Девушка быстро переоделась в любимый Егором костюмчик — короткие шорты и обтягивающую маечку, подкрасила губы и сделала конский хвост. Улыбнулась себе в зеркало и осталась довольна, впечатление портил лишь синяк.

Где‑то в глубине квартиры раздались мелодичные переливы звонка сотового телефона. Пока девушка искала аппарат, звонить он перестал, и искать стало на порядок труднее. Перевернув диванные подушки и сбросив на пол плед, она выудила завалившийся между спинкой и сиденьем дивана сотовый, посмотрела список вызовов — звонила ее знакомая ведьмочка, Корнелия.

Мира набрала номер.

— Привет, — ответил ей звонкий голосок. — Чего трубку не берешь?

— Привет, не успела добежать.

— Да ладно, ты откуда бежала‑то? Я полчаса трезвонила.

Мира, которая мысленно уже слышала шаги Егора в подъезде, решила перейти к сути:

— Ты что‑то хотела?

— На Шабаш собираешься сегодня?

— А как же, конечно, ты же знаешь, как эти перечницы бесятся, если пропускаешь без уважительной причины.

— Тогда скажи, что я не приду, заболела, — в трубку натужно пошмыгали носом и покашляли, демонстрируя серьёзность болезни.

Мира кивнула, как будто ее можно было видеть, затем опомнилась и произнесла:

— Без проблем, Нелли, обязательно передам.

— Как ты думаешь, в этот раз долго будет? Ты повестку получала? А то я свою сунула куда‑то, найти не могу.

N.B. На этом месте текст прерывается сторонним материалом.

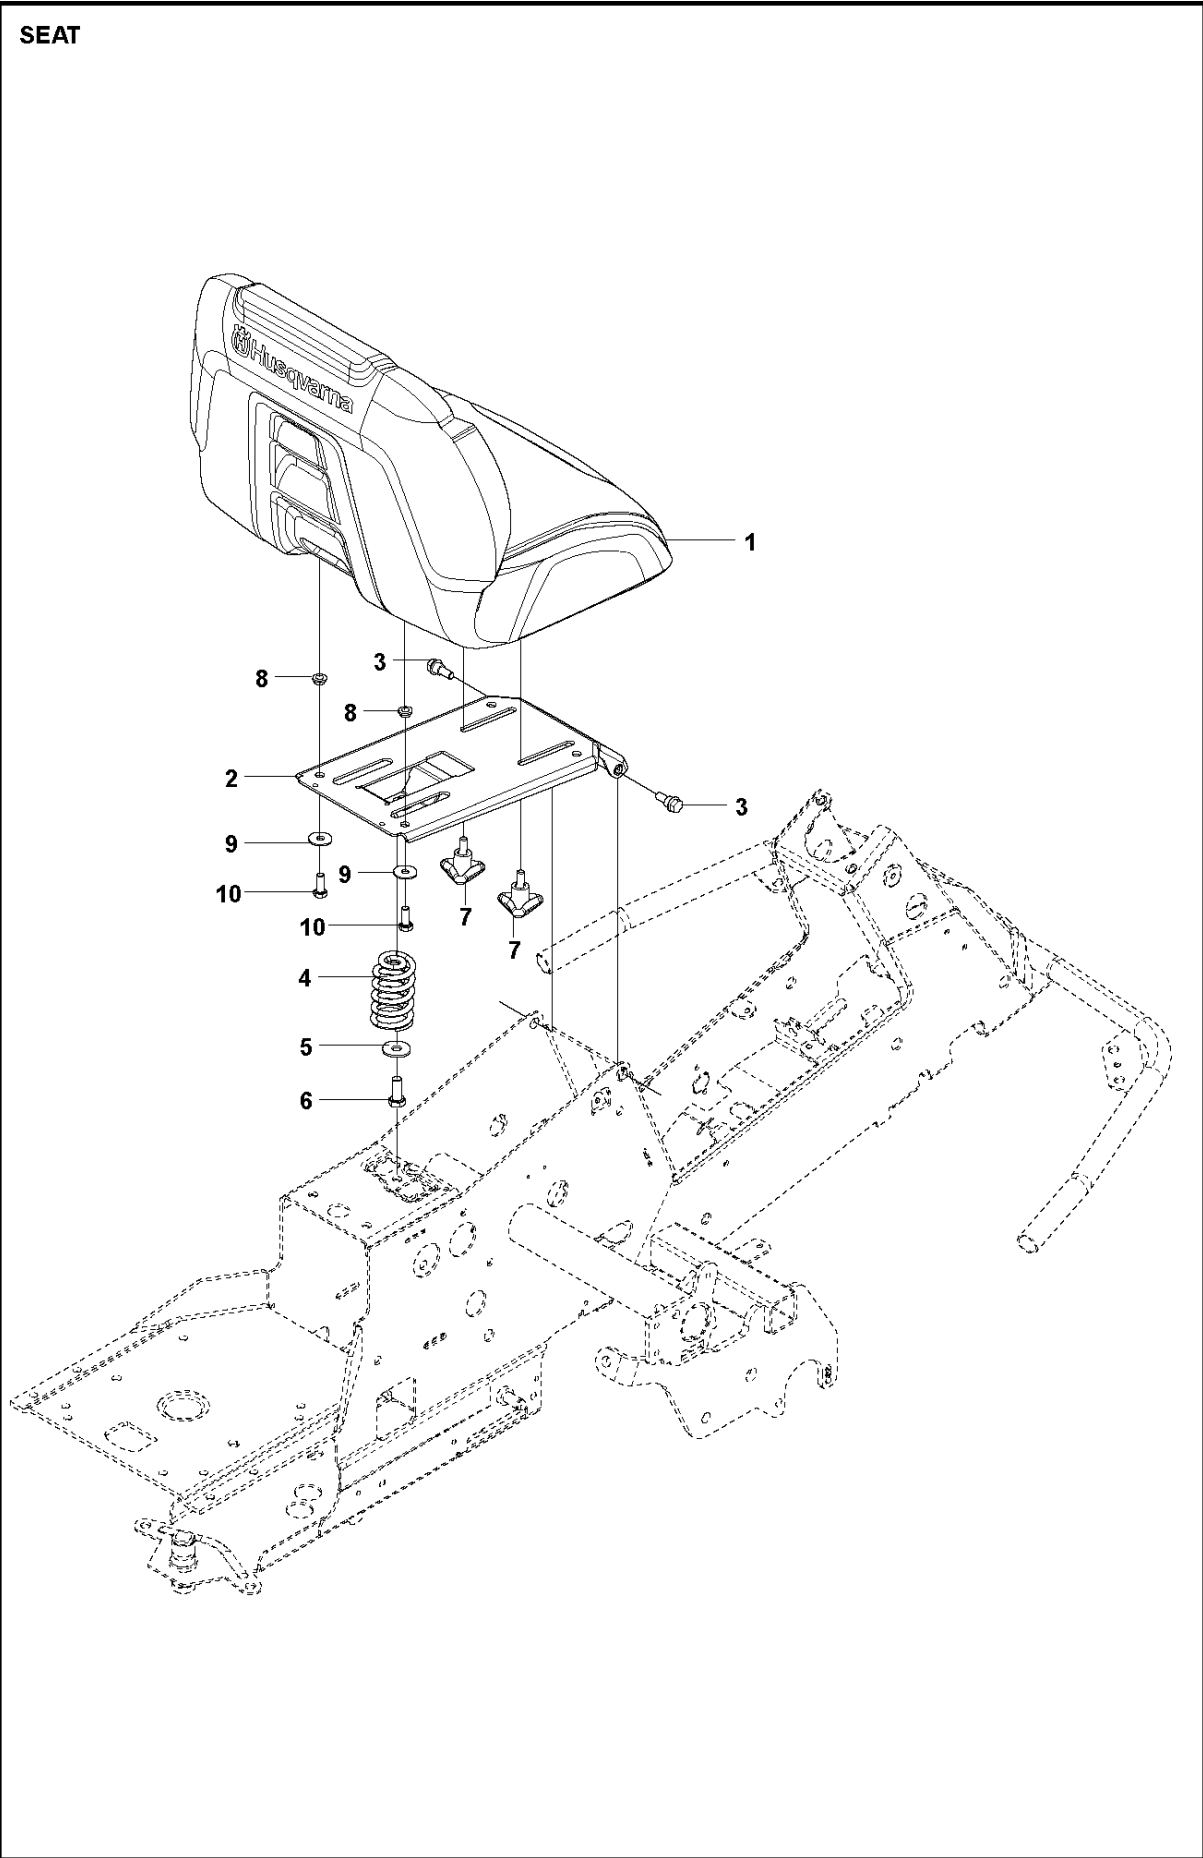

SEAT

R216 T AWD, 967847101, 2019-01

Ref	Part No	Description	Remark	QTY KIT
1	589 34 57-01	SEAT		1
2	501 13 15-01	SEAT BRACKET ASSY		1
3	506 59 74-01	SCREW EHHFM		2
4	506 91 53-01	COMPRESSION SPRING		1
5	734 11 74-41	WASHER		1
6	725 24 93-71	SCREW EHHM		1
7	585 06 52-02	KNOB		2
8	506 56 53-01	BUSHING		2
9	734 11 64-41	WASHER		2
10	725 24 51-71	SCREW EHHM		2

— Получала, естественно. Главнючка собирается ввести очередные правила касаемо применения сонной травы в зельях и попытаться наложить ограничения на использование смертельных заклинаний.

— Ну… — на том конце провода вздохнули с явным облегчением, — это не мои темы всяко.

И на самом деле — Нелли специализировалась на оборонной магии, больше тяготела к созданию щитов и барьеров, противоядий, чем к атаке и наложению проклятий.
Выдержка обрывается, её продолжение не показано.